→ What to produce
Only one portion of the data is to be written out: from the line bearing "7 নাম : মুনালকান্তি" through the line bearing "10 নাম : রামেন্দু". Write it exactly as it appears.

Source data
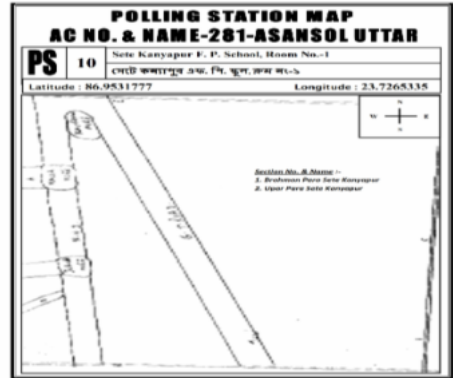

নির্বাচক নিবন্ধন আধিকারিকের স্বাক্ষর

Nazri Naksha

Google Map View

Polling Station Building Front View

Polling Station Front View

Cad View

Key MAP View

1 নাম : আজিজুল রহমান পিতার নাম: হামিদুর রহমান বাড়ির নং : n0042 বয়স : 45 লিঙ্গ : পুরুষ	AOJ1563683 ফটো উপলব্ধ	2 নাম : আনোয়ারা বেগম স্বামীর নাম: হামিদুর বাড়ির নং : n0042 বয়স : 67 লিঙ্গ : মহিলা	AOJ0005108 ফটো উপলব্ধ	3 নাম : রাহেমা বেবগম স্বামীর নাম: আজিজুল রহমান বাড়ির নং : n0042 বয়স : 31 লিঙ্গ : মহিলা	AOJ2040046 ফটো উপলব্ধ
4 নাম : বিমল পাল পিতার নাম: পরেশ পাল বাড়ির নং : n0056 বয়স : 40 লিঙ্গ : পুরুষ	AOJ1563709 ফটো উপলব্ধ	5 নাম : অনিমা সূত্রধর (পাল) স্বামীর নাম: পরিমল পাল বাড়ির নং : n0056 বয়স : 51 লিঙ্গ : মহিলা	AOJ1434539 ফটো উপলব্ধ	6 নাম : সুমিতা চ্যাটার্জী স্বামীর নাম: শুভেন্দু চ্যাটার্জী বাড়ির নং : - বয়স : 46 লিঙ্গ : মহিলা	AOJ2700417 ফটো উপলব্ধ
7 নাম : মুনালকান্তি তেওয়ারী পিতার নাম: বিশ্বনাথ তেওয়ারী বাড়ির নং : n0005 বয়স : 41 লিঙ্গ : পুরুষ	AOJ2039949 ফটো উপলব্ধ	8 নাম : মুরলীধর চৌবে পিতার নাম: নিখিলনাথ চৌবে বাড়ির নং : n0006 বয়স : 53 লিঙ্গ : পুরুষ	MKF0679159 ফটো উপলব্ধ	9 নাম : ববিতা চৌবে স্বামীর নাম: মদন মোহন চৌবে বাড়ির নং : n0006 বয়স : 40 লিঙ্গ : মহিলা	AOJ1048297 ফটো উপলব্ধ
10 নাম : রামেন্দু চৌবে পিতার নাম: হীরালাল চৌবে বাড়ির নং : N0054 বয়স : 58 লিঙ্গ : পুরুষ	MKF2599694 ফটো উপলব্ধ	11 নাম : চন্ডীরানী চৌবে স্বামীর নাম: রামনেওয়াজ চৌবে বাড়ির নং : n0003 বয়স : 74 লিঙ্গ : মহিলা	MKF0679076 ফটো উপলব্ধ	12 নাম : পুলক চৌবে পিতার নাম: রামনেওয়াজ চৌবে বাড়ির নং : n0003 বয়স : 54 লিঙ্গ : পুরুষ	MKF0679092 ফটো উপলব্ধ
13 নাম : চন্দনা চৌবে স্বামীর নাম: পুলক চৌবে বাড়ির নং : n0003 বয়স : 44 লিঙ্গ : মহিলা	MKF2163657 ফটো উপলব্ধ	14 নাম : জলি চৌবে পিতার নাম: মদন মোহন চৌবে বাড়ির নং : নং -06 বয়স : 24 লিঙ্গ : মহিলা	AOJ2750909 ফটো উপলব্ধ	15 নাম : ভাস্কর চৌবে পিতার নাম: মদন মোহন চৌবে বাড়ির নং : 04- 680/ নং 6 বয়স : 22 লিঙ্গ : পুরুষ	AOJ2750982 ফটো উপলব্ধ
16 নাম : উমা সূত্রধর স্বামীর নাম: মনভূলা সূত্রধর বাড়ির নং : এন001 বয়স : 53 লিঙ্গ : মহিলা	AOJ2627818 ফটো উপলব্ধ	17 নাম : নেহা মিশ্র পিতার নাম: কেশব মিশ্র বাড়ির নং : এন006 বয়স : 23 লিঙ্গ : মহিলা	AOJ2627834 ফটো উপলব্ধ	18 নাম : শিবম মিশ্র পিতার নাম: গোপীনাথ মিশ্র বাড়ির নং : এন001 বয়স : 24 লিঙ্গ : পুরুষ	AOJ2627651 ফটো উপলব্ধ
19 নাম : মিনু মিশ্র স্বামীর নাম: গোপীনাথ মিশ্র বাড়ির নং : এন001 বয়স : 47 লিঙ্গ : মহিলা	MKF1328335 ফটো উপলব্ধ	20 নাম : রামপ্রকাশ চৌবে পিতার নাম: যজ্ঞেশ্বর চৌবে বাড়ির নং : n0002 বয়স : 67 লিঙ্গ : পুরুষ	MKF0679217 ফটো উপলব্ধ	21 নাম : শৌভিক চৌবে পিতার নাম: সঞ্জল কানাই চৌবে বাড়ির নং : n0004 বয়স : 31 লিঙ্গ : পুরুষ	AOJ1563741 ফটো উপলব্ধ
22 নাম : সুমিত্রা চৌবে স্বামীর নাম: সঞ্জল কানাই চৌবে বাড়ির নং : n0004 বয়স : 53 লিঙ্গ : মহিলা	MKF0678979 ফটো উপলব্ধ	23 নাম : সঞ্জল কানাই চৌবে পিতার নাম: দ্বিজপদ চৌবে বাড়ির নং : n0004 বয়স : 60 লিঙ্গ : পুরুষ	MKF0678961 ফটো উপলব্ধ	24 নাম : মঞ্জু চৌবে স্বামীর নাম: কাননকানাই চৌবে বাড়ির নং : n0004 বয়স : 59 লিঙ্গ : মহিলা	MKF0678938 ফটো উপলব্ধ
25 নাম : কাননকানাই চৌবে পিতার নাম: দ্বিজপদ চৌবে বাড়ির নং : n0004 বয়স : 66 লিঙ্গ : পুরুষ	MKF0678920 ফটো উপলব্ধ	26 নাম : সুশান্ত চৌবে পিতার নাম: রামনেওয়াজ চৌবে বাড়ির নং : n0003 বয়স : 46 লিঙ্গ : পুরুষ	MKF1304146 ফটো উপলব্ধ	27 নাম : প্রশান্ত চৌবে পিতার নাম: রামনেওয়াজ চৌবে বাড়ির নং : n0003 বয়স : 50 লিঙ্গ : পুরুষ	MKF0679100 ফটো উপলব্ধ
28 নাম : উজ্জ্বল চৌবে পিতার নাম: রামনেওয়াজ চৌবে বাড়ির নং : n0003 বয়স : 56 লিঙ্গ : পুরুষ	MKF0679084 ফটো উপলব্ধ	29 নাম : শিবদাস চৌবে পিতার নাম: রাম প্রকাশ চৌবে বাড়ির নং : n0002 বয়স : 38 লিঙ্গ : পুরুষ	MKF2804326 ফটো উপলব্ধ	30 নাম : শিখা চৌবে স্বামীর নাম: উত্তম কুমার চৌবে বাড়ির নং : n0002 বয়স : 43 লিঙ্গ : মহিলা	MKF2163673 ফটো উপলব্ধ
--
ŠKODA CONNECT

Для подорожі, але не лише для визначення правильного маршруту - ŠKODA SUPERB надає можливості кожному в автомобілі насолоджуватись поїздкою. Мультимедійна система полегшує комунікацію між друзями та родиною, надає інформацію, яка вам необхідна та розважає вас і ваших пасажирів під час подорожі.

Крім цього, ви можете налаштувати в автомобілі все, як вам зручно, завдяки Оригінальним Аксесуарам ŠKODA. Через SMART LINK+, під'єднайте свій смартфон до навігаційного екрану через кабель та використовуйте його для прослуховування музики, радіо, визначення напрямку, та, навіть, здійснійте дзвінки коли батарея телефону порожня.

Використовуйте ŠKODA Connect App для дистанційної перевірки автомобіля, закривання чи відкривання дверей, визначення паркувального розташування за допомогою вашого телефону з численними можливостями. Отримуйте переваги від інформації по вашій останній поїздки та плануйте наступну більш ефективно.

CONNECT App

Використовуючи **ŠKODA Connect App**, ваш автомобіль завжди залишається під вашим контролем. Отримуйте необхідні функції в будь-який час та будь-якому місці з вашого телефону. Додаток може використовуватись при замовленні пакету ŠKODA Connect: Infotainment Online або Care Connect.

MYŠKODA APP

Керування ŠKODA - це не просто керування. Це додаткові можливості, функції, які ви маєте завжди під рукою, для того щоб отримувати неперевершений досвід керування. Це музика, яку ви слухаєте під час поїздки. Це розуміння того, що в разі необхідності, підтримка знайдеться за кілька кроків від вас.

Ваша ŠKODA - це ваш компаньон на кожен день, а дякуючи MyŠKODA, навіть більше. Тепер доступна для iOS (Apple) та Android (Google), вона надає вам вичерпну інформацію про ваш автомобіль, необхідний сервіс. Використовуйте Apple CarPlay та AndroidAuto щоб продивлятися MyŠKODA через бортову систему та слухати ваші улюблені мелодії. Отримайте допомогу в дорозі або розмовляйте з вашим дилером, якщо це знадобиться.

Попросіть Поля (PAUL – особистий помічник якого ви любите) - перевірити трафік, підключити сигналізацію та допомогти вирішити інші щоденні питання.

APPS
---
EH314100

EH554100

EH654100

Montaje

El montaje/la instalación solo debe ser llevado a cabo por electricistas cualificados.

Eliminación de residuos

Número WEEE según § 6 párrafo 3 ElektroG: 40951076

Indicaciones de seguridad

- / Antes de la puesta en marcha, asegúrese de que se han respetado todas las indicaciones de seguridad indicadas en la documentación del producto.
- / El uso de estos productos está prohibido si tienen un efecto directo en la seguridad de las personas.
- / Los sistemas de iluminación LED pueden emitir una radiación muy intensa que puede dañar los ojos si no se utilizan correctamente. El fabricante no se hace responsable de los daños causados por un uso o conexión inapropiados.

→ Solved exercise
7 নাম : মুনালকান্তি তেওয়ারী পিতার নাম: বিশ্বনাথ তেওয়ারী বাড়ির নং : n0005 বয়স : 41 লিঙ্গ : পুরুষ	AOJ2039949 ফটো উপলব্ধ	8 নাম : মুরলীধর চৌবে পিতার নাম: নিখিলনাথ চৌবে বাড়ির নং : n0006 বয়স : 53 লিঙ্গ : পুরুষ	MKF0679159 ফটো উপলব্ধ	9 নাম : ববিতা চৌবে স্বামীর নাম: মদন মোহন চৌবে বাড়ির নং : n0006 বয়স : 40 লিঙ্গ : মহিলা	AOJ1048297 ফটো উপলব্ধ
10 নাম : রামেন্দু চৌবে পিতার নাম: হীরালাল চৌবে বাড়ির নং : N0054 বয়স : 58 লিঙ্গ : পুরুষ	MKF2599694 ফটো উপলব্ধ	11 নাম : চন্ডীরানী চৌবে স্বামীর নাম: রামনেওয়াজ চৌবে বাড়ির নং : n0003 বয়স : 74 লিঙ্গ : মহিলা	MKF0679076 ফটো উপলব্ধ	12 নাম : পুলক চৌবে পিতার নাম: রামনেওয়াজ চৌবে বাড়ির নং : n0003 বয়স : 54 লিঙ্গ : পুরুষ	MKF0679092 ফটো উপলব্ধ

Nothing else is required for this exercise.